» What to do
Could you copy every entry exactly, dropping the pictures?

» Task material

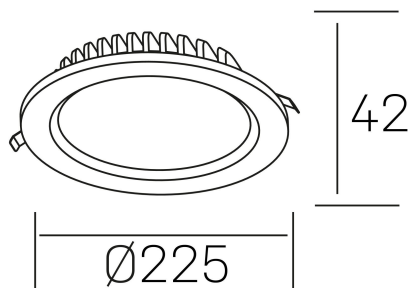

lim lacus
K53300.03.RF.WH-WH.OP.ST.8.30

GENERAL DETAILS

INSTALLATION	recessed with frame
FINISHES ALUMINIUM	White-White
LIGHT DIRECTION	Fixed
INT/EXT IP DEGREE	IP 44
MATERIAL	Aluminum
IK DEGREE	IK 6
UTILIZATION	Indoor
WARRANTY	3 years

ELECTRICAL DETAILS

LAMP	LED
POWER	30 W
COLOUR TEMPERATURE	3000K
LUMINOUS FLUX	2900 Lm
EFFICACY DIMMING	100 Lm/W
DIMABLE	No Dim
DRIVER	Remote
CLASS PROTECTION	II
COLOUR RENDERING INDEX	CRI >80
VOLTAGE	220-240 V
FRECUENCIA	50-60 Hz
CURRENT INTENSITY	750 mA
LIFE TIME	50.000 h

GENERAL DIMENSIONS

DIMENSIONS	Ø 225 mm
CUT OUT	Ø 200 mm
HEIGHT	h 42 mm
DIMENSIONES DE EMBALAJE	N/A
PESO NETO	0.64

*Please might expect a max.15% figure reduction in finishes other than white
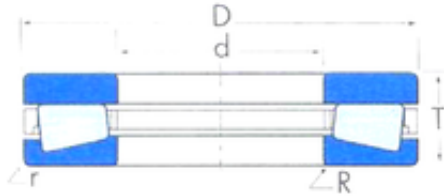

T45751 Timken Thrust Tapered Roller Bearing

Bearing No. T45751

Size	1162.05x1282.7x57.099 mm
Bore Diameter	1162,05 mm
Outer Diameter	1282,7 mm
Width	57,099 mm
d	1162,05 mm
D	1282,7 mm
T	57,099 mm
R	3,3 mm
r	3,3 mm
Weight	89,5 Kg
Basic static load rating (C0)	19000000 kN
Basic dynamic load rating (Ca90)	619000

T45751 Bearing 2D drawings and 3D CAD models
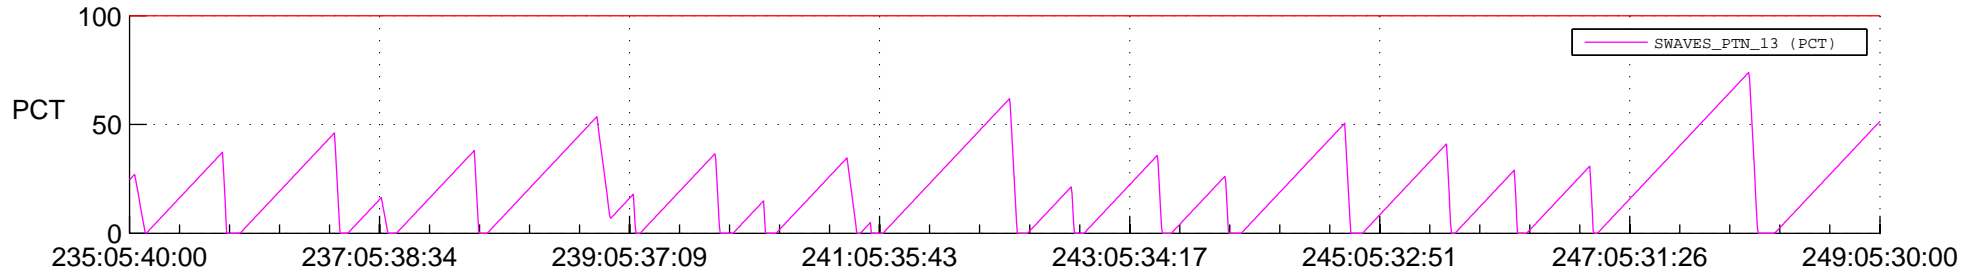

## SWAVES\_Percent\_Full\_Prediction

## Spacecraft\_DownLink\_Rate

Ground Time (2019:235:05:40:00.000 -2019:249:05:30:00.000)
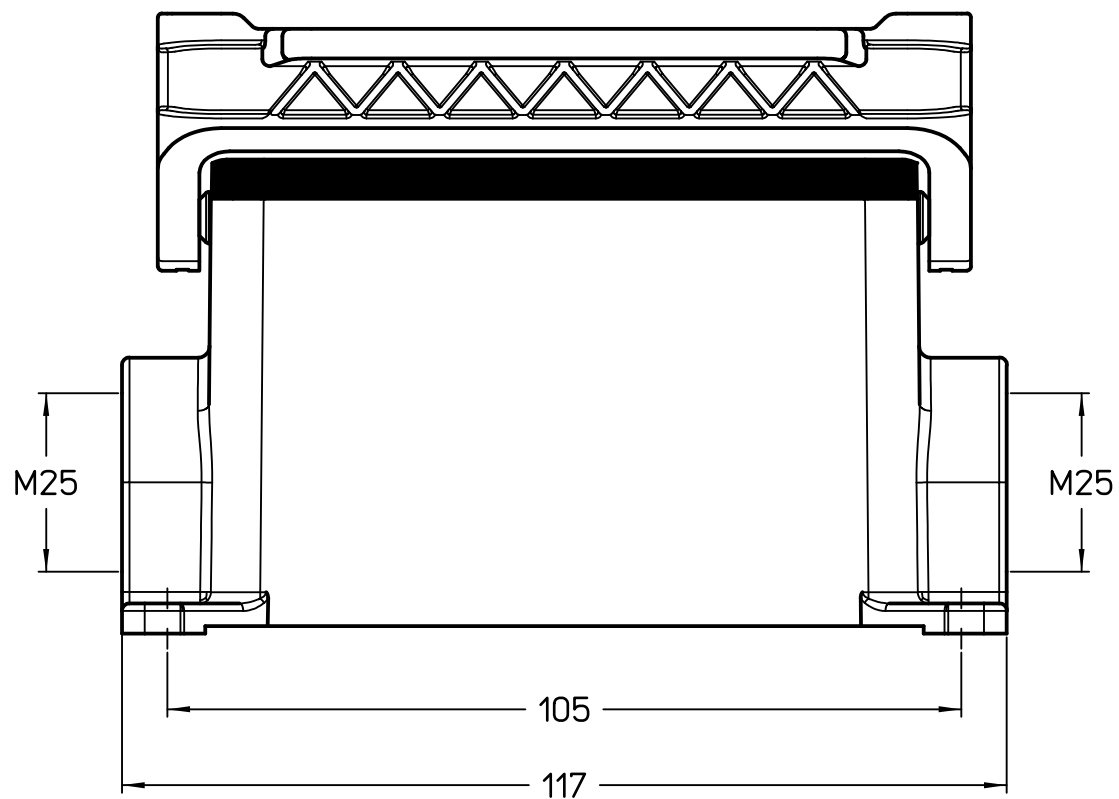

Diritti riservati All rights reserved

1

2

3

Dimensions
in mm

Simplified representation with dimensions without tolerance

Original Size A4

MLP 16 L225

Date 08/03/23

surface mounting housing, size "77.27", 2x M25 side entries,

Sign. G. Renna

with 1 IL-BRID lever

Scale
1:1

1

2

3
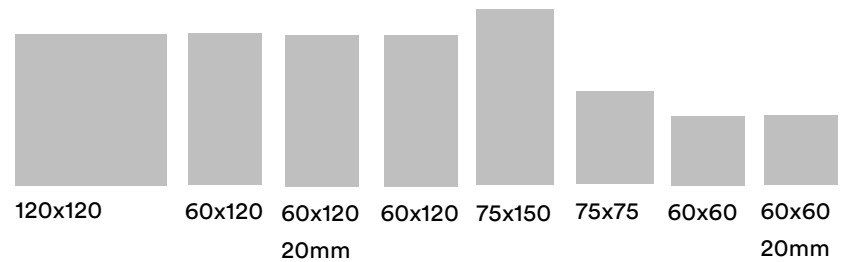

Surfaces

Naturale
R10 PTV

Outdoor

Mosaic

Listello Preinciso 14x120
Available in all Colours

Sizes

Mystone Pietra Ligure20

Colorbody Fine Porcelain Stoneware
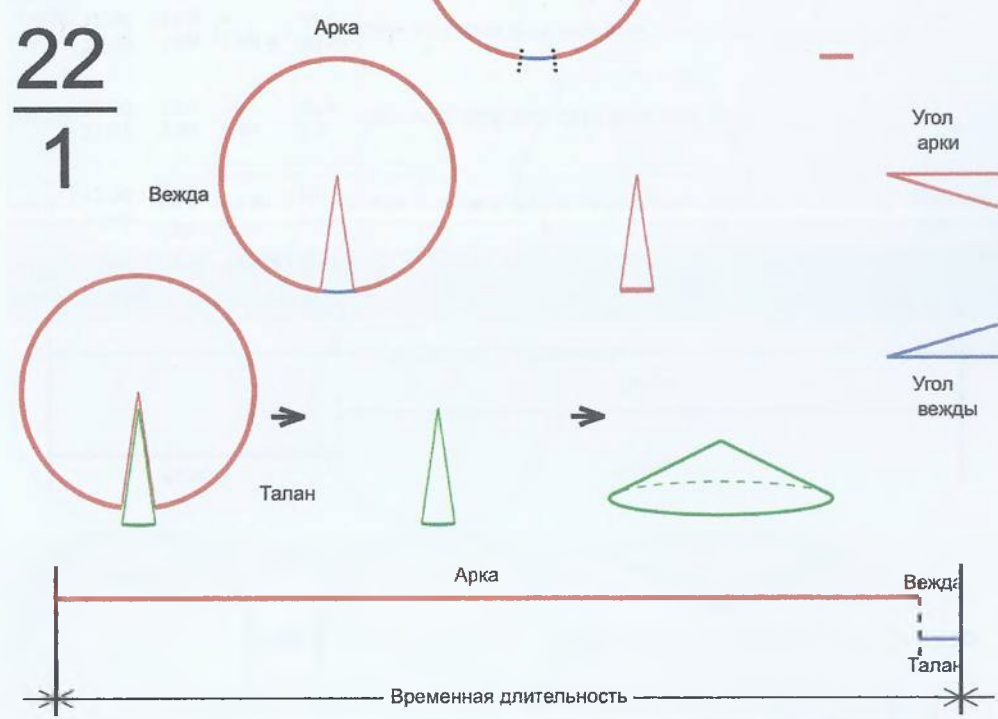

Арка	22	Велеса	343.6364°
Вежда	1	Правь	16.3636°
Талан	1	Правь	16.3636°

Арка	22	Велеса	171.8182°
Вежды	2	Леля	94.0909°
Талан	1	Правь	188.1818°
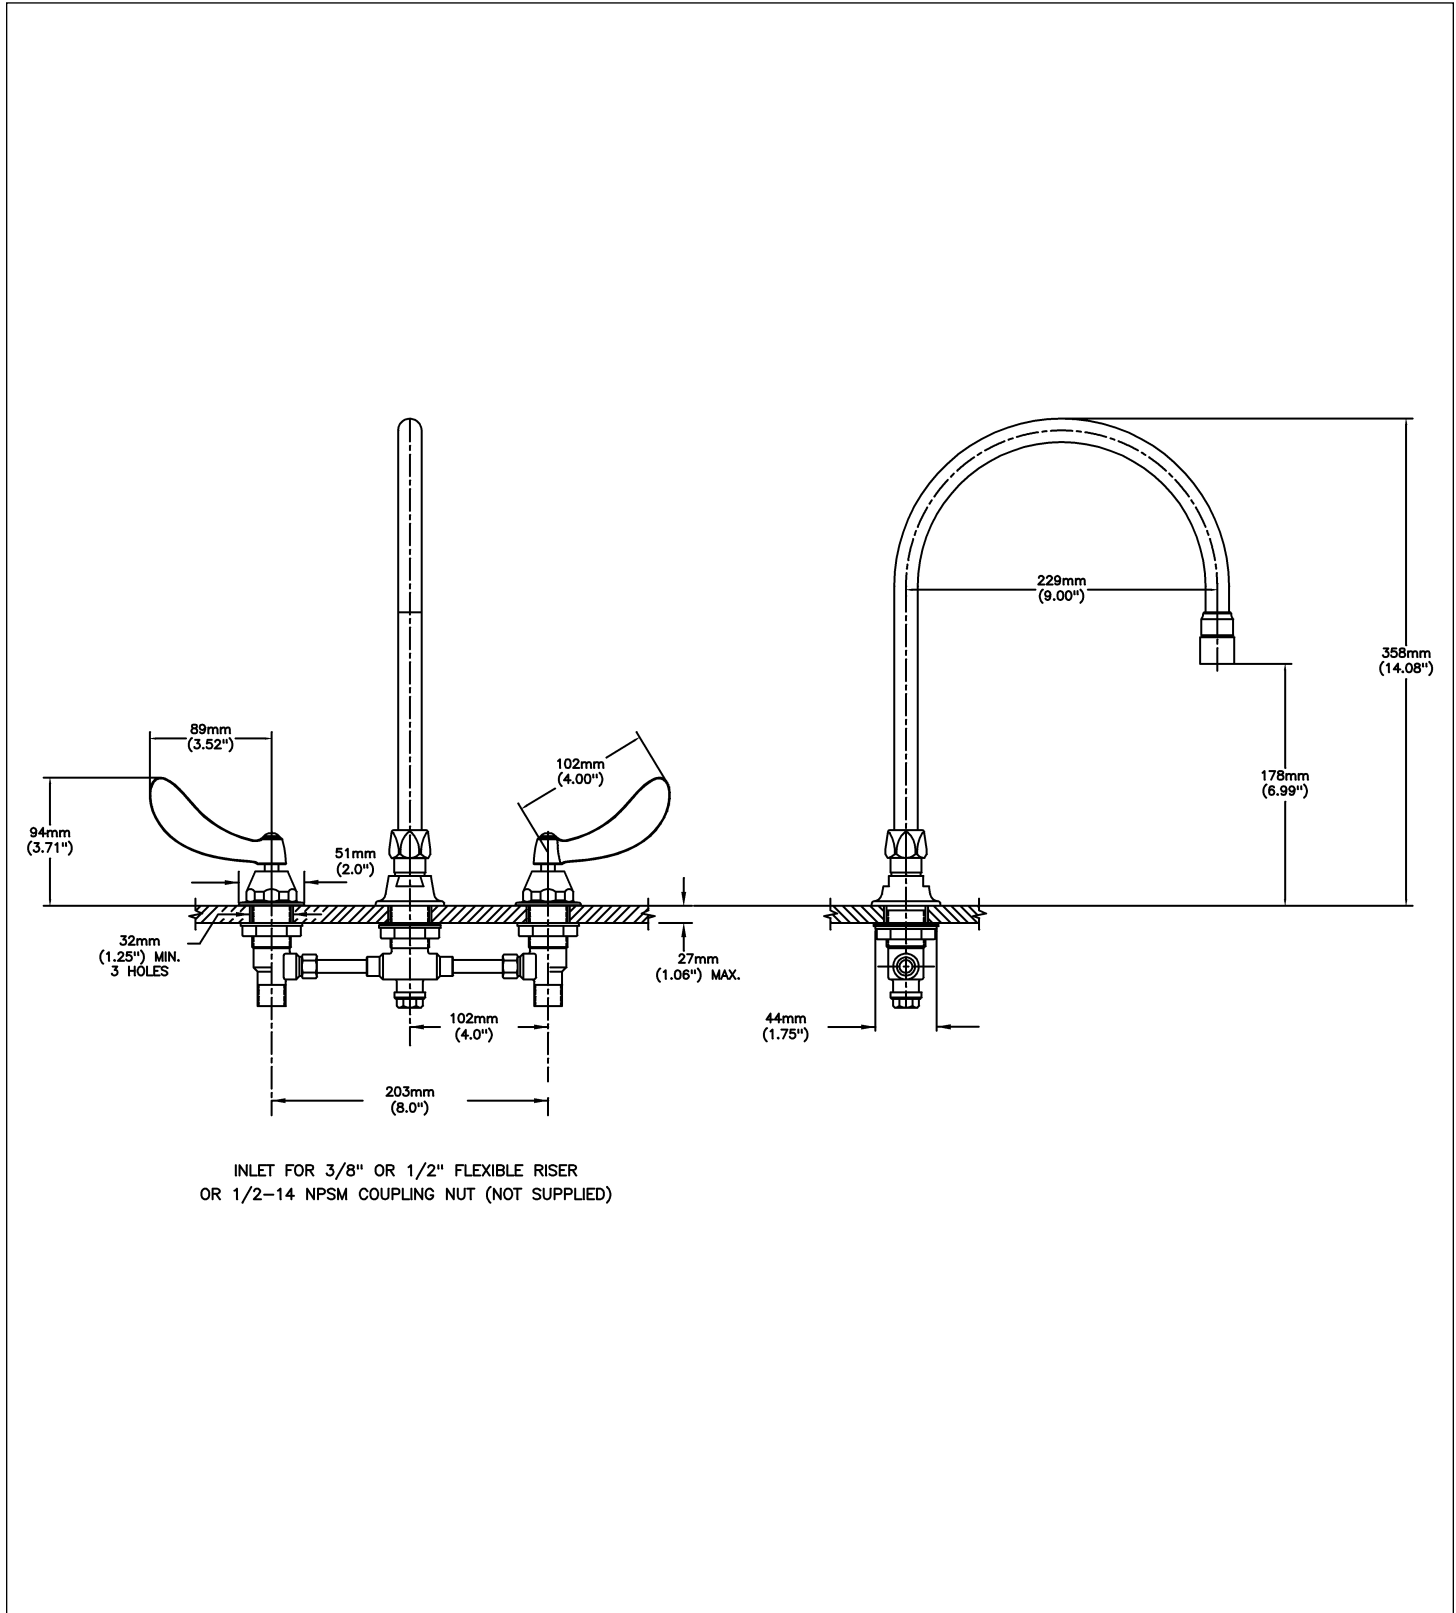

Sink Faucet Deckmount

8" deck LESS hose and spray - CER-TECK® ceramic structures

Model No: 27C2934-R7

COMPLIES WITH:

- CSA certified
- Complies to ASME A112.18.1/CSA B125.1
- Verified compliant with 0.25% weighted average Pb content regulations
- CSA certified.
- Complies to ASME A112.18.1/CSA B125.1
- Handles No. 2, 3, 4, and 5 Indicates compliance to ICC/ANSI A117.1
- (Contact Delta Representative for State and/or Local Approvals)

NOTES:

27T2 - 8" Deck LESS hose and spray - TUF-TECK® compression structures

SPECIFICATION:

- Below deckmount sink faucet
- 203 mm (8") centers, two handle
- Polished chrome plated finish
- Cast brass bodies
- Metal hold-down package
- CER-TECK® 1/4 turn ceramic structures
- CER-TECK® ceramic structures
- Spout: R7 - Gooseneck spout-9.0" spout reach -12.7" height(unmounted)- Standard rigid/swivel field installation unless LS Limited swing option selected-Vandal resistant.090" wall thickness
- Outlet#: 3 - Vandal Resistant Aerator Outlet- 1.5 GPM (5.7 L/min) Flow Rate at 60 psi- pressure compensating
- Handle#: 4 - 102 mm (4") Blade Handles- ADA Compliant-Sanitary Hoods-Metal-Color indexed-Vandal resistant screws

OPERATION:

- Not Available

(Dimensional drawing on following page)

Delta reserves the right (1) to make changes to specifications and materials, and (2) to change or discontinue models, both without notice or obligation. Dimensions are for reference. Measurement may vary plus or minus 6mm(0.25"). Mounting locations are suggested only. Check with local codes for requirements in your area. This spec was produced April 13, 2021.

Delta reserves the right (1) to make changes to specifications and materials, and (2) to change or discontinue models, both without notice or obligation. Dimensions are for reference. Measurement may vary plus or minus 6mm(0.25"). Mounting locations are suggested only. Check with local codes for requirements in your area. This spec was produced April 13, 2021.
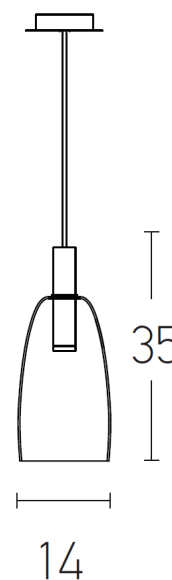

Interior Lighting

1966 Pendant light

Bulb:	5W LED, 3000K, 90Lumen/W
Transformer:	Yes
Voltage:	220-240V
Operating Frequency:	50/60HZ
IP:	IP20
Class:	I
Color:	Clear Glass- Gold Matt
Material:	Glass-Aluminium-Acrylic
Available Cable:	150 cm
Height:	35 cm
Diameter:	14 cm / Base: Ø 12 cm
Net Weight:	1,55 Kg

Description

Modern pendant light from glass & aluminium in clear glass-gold matt color.

5213007835581

PRODUCT DATA SHEET
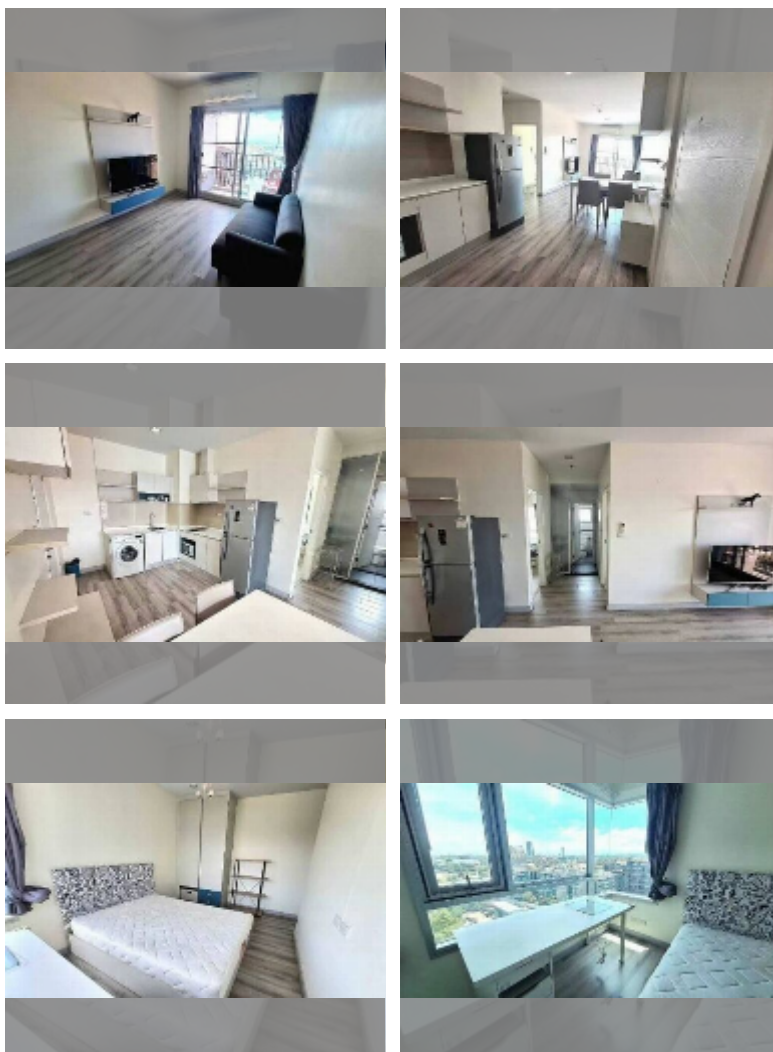

Condo for sale 2 bedroom 60 m² in Centric Sea, Pattaya

฿ 5,540,000

UNIT PARAMETERS:

UID	FS-242217
quota	foreign quota
type	2 bedroom
size	60m²
floor	12
view	city view
quality	good
equipment: furniture, air conditioner, television, washing-machine, refrigerator	

PROJECT PARAMETERS:

district	Central Pattaya
buildings	3
floors	44
built in	2015
maintenance	฿ 39,600/year

FACILITIES:

General information: highrise, multy-level parking, covered parking.

Swimming pool: swimming pool, rooftop pool.

Chill zone: chill zone, garden, rooftop chillout.

Health zone: gym.

Other: lobby, clubhouse, CCTV, security, minimart.

» Problem solution
lim lacus
K53300.03.RF.WH-WH.OP.ST.8.30

GENERAL DETAILS

INSTALLATION	recessed with frame
FINISHES ALUMINIUM	White-White
LIGHT DIRECTION	Fixed
INT/EXT IP DEGREE	IP 44
MATERIAL	Aluminum
IK DEGREE	IK 6
UTILIZATION	Indoor
WARRANTY	3 years

ELECTRICAL DETAILS

LAMP	LED
POWER	30 W
COLOUR TEMPERATURE	3000K
LUMINOUS FLUX	2900 Lm
EFFICACY DIMMING	100 Lm/W
DIMABLE	No Dim
DRIVER	Remote
CLASS PROTECTION	II
COLOUR RENDERING INDEX	CRI >80
VOLTAGE	220-240 V
FRECUENCIA	50-60 Hz
CURRENT INTENSITY	750 mA
LIFE TIME	50.000 h

GENERAL DIMENSIONS

DIMENSIONS	Ø 225 mm
CUT OUT	Ø 200 mm
HEIGHT	h 42 mm
DIMENSIONES DE EMBALAJE	N/A
PESO NETO	0.64

*Please might expect a max.15% figure reduction in finishes other than white

T45751 Timken Thrust Tapered Roller Bearing

Bearing No. T45751

Size	1162.05x1282.7x57.099 mm
Bore Diameter	1162,05 mm
Outer Diameter	1282,7 mm
Width	57,099 mm
d	1162,05 mm
D	1282,7 mm
T	57,099 mm
R	3,3 mm
r	3,3 mm
Weight	89,5 Kg
Basic static load rating (C0)	19000000 kN
Basic dynamic load rating (Ca90)	619000

T45751 Bearing 2D drawings and 3D CAD models

## SWAVES\_Percent\_Full\_Prediction

## Spacecraft\_DownLink\_Rate

Ground Time (2019:235:05:40:00.000 -2019:249:05:30:00.000)

Diritti riservati All rights reserved

1

2

3

Dimensions
in mm

Simplified representation with dimensions without tolerance

Original Size A4

MLP 16 L225

Date 08/03/23

surface mounting housing, size "77.27", 2x M25 side entries,

Sign. G. Renna

with 1 IL-BRID lever

Scale
1:1

1

2

3

Surfaces

Naturale
R10 PTV

Outdoor

Mosaic

Listello Preinciso 14x120
Available in all Colours

Sizes

Mystone Pietra Ligure20

Colorbody Fine Porcelain Stoneware

Арка	22	Велеса	343.6364°
Вежда	1	Правь	16.3636°
Талан	1	Правь	16.3636°

Арка	22	Велеса	171.8182°
Вежды	2	Леля	94.0909°
Талан	1	Правь	188.1818°

Sink Faucet Deckmount

8" deck LESS hose and spray - CER-TECK® ceramic structures

Model No: 27C2934-R7

COMPLIES WITH:

- CSA certified
- Complies to ASME A112.18.1/CSA B125.1
- Verified compliant with 0.25% weighted average Pb content regulations
- CSA certified.
- Complies to ASME A112.18.1/CSA B125.1
- Handles No. 2, 3, 4, and 5 Indicates compliance to ICC/ANSI A117.1
- (Contact Delta Representative for State and/or Local Approvals)

NOTES:

27T2 - 8" Deck LESS hose and spray - TUF-TECK® compression structures

SPECIFICATION:

- Below deckmount sink faucet
- 203 mm (8") centers, two handle
- Polished chrome plated finish
- Cast brass bodies
- Metal hold-down package
- CER-TECK® 1/4 turn ceramic structures
- CER-TECK® ceramic structures
- Spout: R7 - Gooseneck spout-9.0" spout reach -12.7" height(unmounted)- Standard rigid/swivel field installation unless LS Limited swing option selected-Vandal resistant.090" wall thickness
- Outlet#: 3 - Vandal Resistant Aerator Outlet- 1.5 GPM (5.7 L/min) Flow Rate at 60 psi- pressure compensating
- Handle#: 4 - 102 mm (4") Blade Handles- ADA Compliant-Sanitary Hoods-Metal-Color indexed-Vandal resistant screws

OPERATION:

- Not Available

(Dimensional drawing on following page)

Delta reserves the right (1) to make changes to specifications and materials, and (2) to change or discontinue models, both without notice or obligation. Dimensions are for reference. Measurement may vary plus or minus 6mm(0.25"). Mounting locations are suggested only. Check with local codes for requirements in your area. This spec was produced April 13, 2021.

Delta reserves the right (1) to make changes to specifications and materials, and (2) to change or discontinue models, both without notice or obligation. Dimensions are for reference. Measurement may vary plus or minus 6mm(0.25"). Mounting locations are suggested only. Check with local codes for requirements in your area. This spec was produced April 13, 2021.

Interior Lighting

1966 Pendant light

Bulb:	5W LED, 3000K, 90Lumen/W
Transformer:	Yes
Voltage:	220-240V
Operating Frequency:	50/60HZ
IP:	IP20
Class:	I
Color:	Clear Glass- Gold Matt
Material:	Glass-Aluminium-Acrylic
Available Cable:	150 cm
Height:	35 cm
Diameter:	14 cm / Base: Ø 12 cm
Net Weight:	1,55 Kg

Description

Modern pendant light from glass & aluminium in clear glass-gold matt color.

5213007835581

PRODUCT DATA SHEET

Condo for sale 2 bedroom 60 m² in Centric Sea, Pattaya

฿ 5,540,000

UNIT PARAMETERS:

UID	FS-242217
quota	foreign quota
type	2 bedroom
size	60m²
floor	12
view	city view
quality	good
equipment: furniture, air conditioner, television, washing-machine, refrigerator	

PROJECT PARAMETERS:

district	Central Pattaya
buildings	3
floors	44
built in	2015
maintenance	฿ 39,600/year

FACILITIES:

General information: highrise, multy-level parking, covered parking.

Swimming pool: swimming pool, rooftop pool.

Chill zone: chill zone, garden, rooftop chillout.

Health zone: gym.

Other: lobby, clubhouse, CCTV, security, minimart.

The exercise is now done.